Although I think much of our grief and pain come out of our empathy for these men because of our own experiences, our own struggles, and our personal battles with depression and addiction.

“And I felt like my heart had been so thoroughly and irreparably broken that there could be no real joy again, that at best there might eventually be a little contentment. Everyone wanted me to get help and rejoin life, pick up the pieces and move on, and I tried to, I wanted to, but I just had to lie in the mud with my arms wrapped around myself, eyes closed, grieving, until I didn’t have to anymore.” – Anne Lamott

It’s said that depression is the leading disability worldwide. It’s said that one million people commit suicide every year, that’s one person every forty-seconds. It’s said that a third of us in this world, living right now, reading this post, and in your families suffer with severe mental illness and/or addiction. We’ve come to know depression, mental illness, and/or addiction as:

The most painful road to death.

The common cold of the human mind.

The best kept secret in every other individual.

I think that the worst, most damaging aspect of depression is that you truly believe no body could ever like you. It’s a delusional perception, that convinces you that you’re not worth loving, that you some how deserve this pain, and that everything in the world is meaningless.

It’s our mind exaggerating things in the worst possible ways, in the end, depleting us of any emotional energy.  We lose hope, and when we lose hope, we lose site of meaning, and when we find no meaning in life, we lose strength.

I think this is what Viktor Frankl refers to as “apathy.”

Getting out of bed in the morning, answering a phone call, leaving your house, basic tasks begin to feel and seem as if they are impossibilities. We begin to feel trapped, paralyzed by a disorder that has robbed us of not simply our hope or meaning but our ability to function and live.

“The courage it took to get out of bed each morning to face the same things over and over was enormous.”

—   Charles Bukowski

So then in light of all of this information how do we respond? I think Anne Lamott says it best, because well, she says everything best, “The temptation is to say, as cute little believers sometimes do, ‘Oh it will all make sense someday.’ The thing is, it may not.”

Although this pain might never permanently go away, or we may never make sense of our sufferings, I believe our survival and perseverance comes down to our family. But please understand that family is not always blood. Family consists of the people in your life that also wants you to be in theirs, the people who accept you, for who you are, depressed version of you or not. The fact of the matter is there can be no vitality where there is no community and where there is no community there can be no recovery.

“The opposite of depression,” says Andrew Solomon, “is not happiness, it is vitality.” But without community there can be no vitality. Without vitality there is little chance of recovery.

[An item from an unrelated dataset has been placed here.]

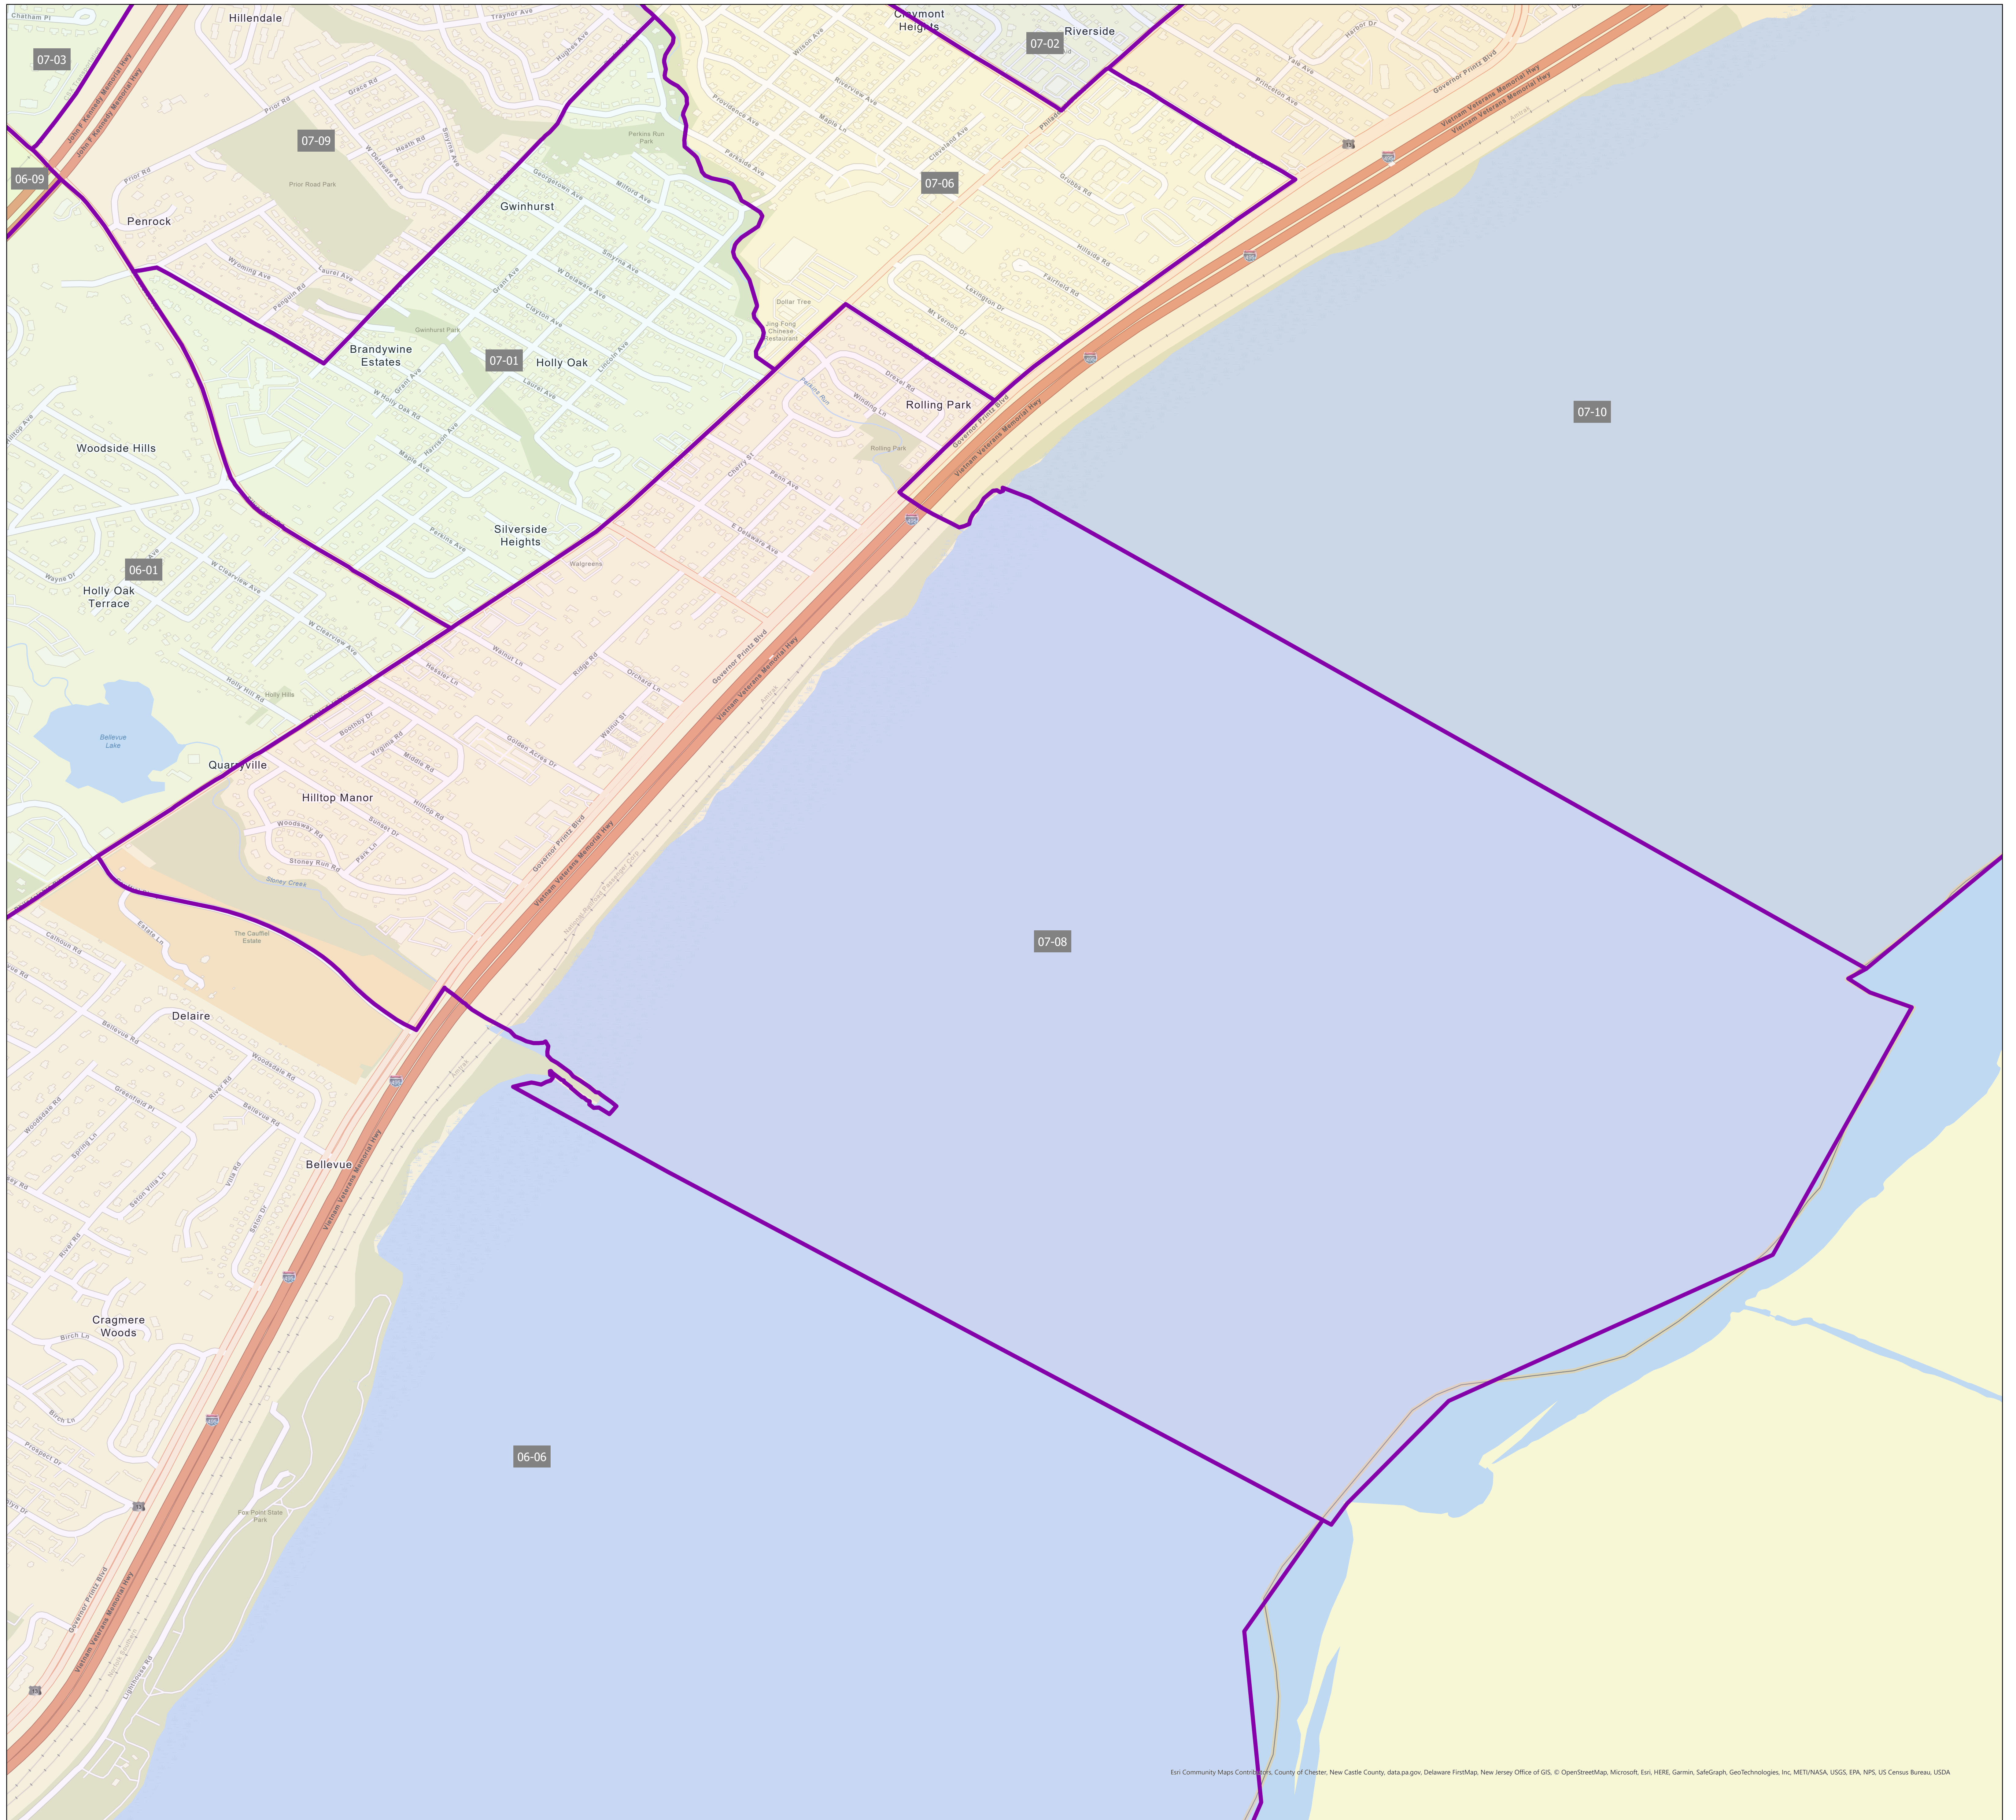

Election District District 07-08

Just as Jesus went to the broken hearted, marginalized, depressed, lonely, and outcast people of His day, so must we go to the mentally ill, addicted, depressed, anxious, lonely outcast people of our day, within our family, school, church, work place, coffee shop, neighborhood, or apartment complex.

I learned in one of my courses this year that hundreds of people have committed suicide by jumping off of the golden gate bridge. Although not all those who attempt suicide by jumping off of the bridge are successful, some survive. Out of 100 people who have survived, 99 of them said that while falling, they wondered and questioned if jumping off the bridge was the best choice.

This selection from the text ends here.